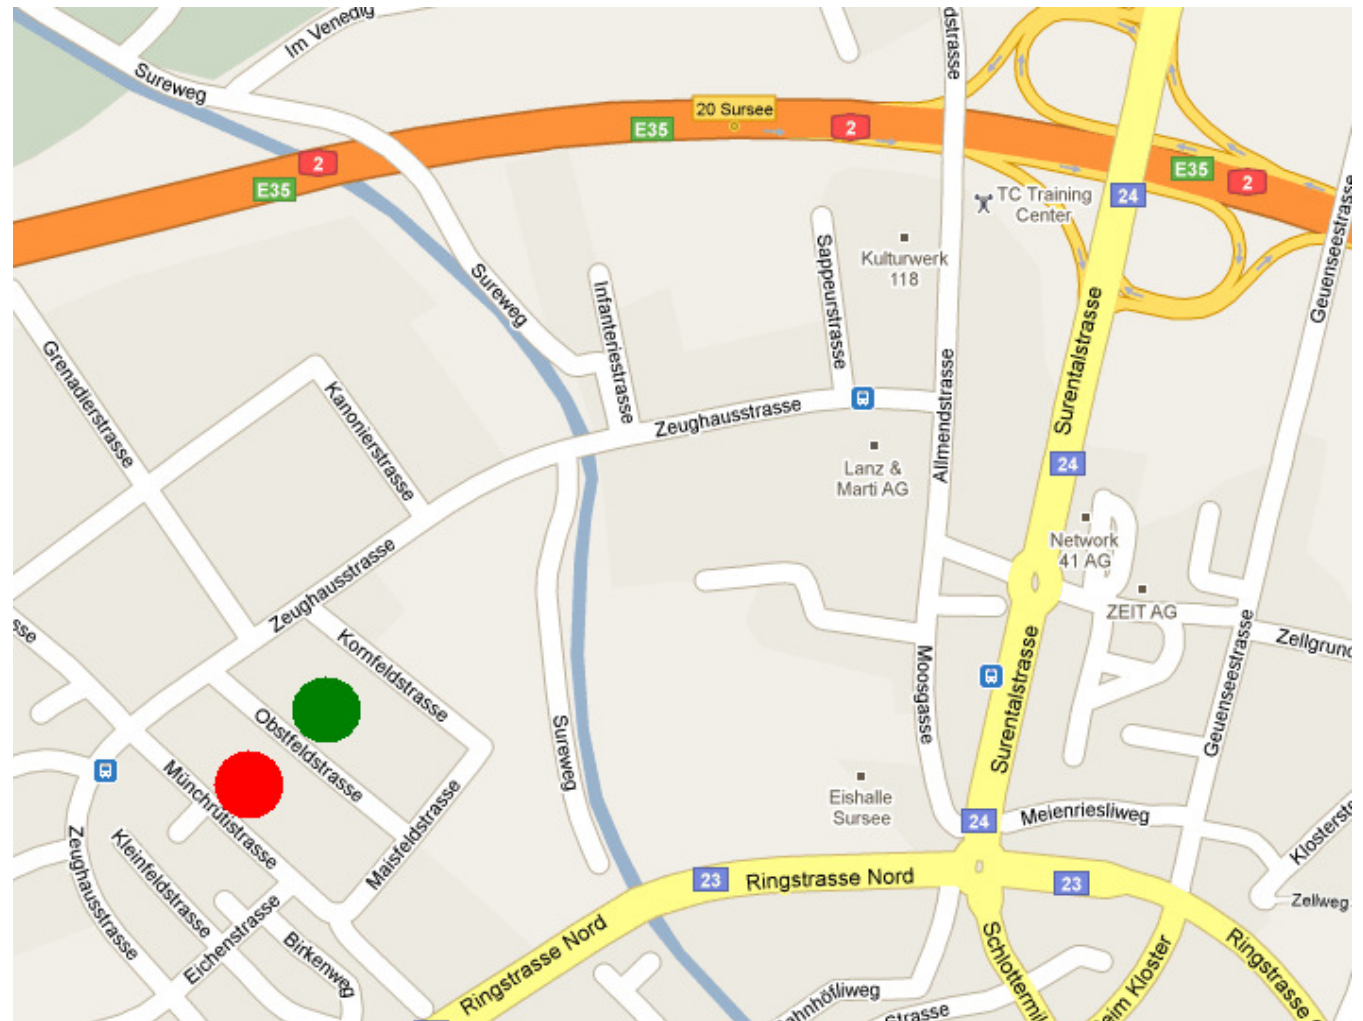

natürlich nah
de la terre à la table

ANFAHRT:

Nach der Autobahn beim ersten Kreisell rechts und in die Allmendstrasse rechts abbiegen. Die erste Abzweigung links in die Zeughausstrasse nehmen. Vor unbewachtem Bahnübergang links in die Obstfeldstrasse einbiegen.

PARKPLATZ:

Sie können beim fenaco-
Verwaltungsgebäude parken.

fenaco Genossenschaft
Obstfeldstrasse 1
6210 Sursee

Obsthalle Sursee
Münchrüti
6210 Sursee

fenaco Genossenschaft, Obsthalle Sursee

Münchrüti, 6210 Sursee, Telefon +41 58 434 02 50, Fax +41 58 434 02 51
──────────
*WHAT IS EXPECTED*. Give the listing again word for word, without its images.

*SOLUTION TO THIS PROBLEM*.
natürlich nah
de la terre à la table

ANFAHRT:

Nach der Autobahn beim ersten Kreisell rechts und in die Allmendstrasse rechts abbiegen. Die erste Abzweigung links in die Zeughausstrasse nehmen. Vor unbewachtem Bahnübergang links in die Obstfeldstrasse einbiegen.

PARKPLATZ:

Sie können beim fenaco-
Verwaltungsgebäude parken.

fenaco Genossenschaft
Obstfeldstrasse 1
6210 Sursee

Obsthalle Sursee
Münchrüti
6210 Sursee

fenaco Genossenschaft, Obsthalle Sursee

Münchrüti, 6210 Sursee, Telefon +41 58 434 02 50, Fax +41 58 434 02 51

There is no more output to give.